_BRIEF_
Give the data below again exactly as it stands. Omit the pictures.

[Dataset items]

::::

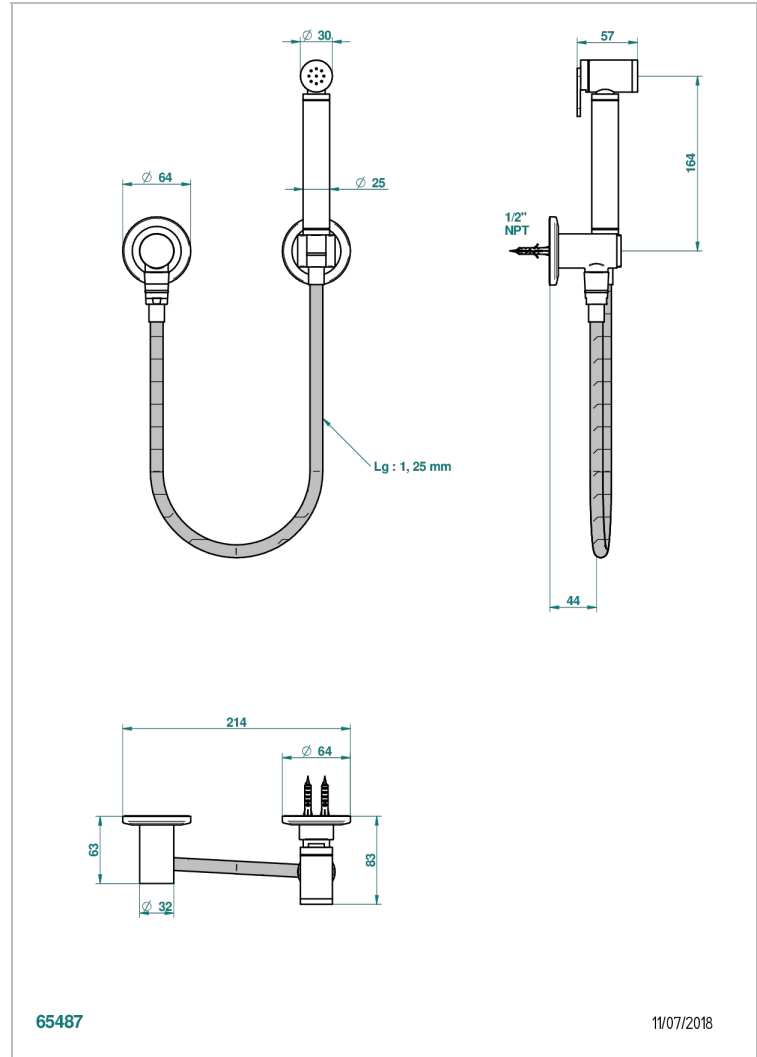

# BONDI WITH LEVER HANDLES

G7G-5840/7US

Hygienic set w/hand w/push button + wall elbowed

65487

11/07/2018

## CHARACTERISTIC

- Bondi with lever handles
- Hygienic set w/hand w/push button + wall elbowed

::::

_SOLUTION TO THIS TASK_
# BONDI WITH LEVER HANDLES

G7G-5840/7US

Hygienic set w/hand w/push button + wall elbowed

65487

11/07/2018

## CHARACTERISTIC

- Bondi with lever handles
- Hygienic set w/hand w/push button + wall elbowed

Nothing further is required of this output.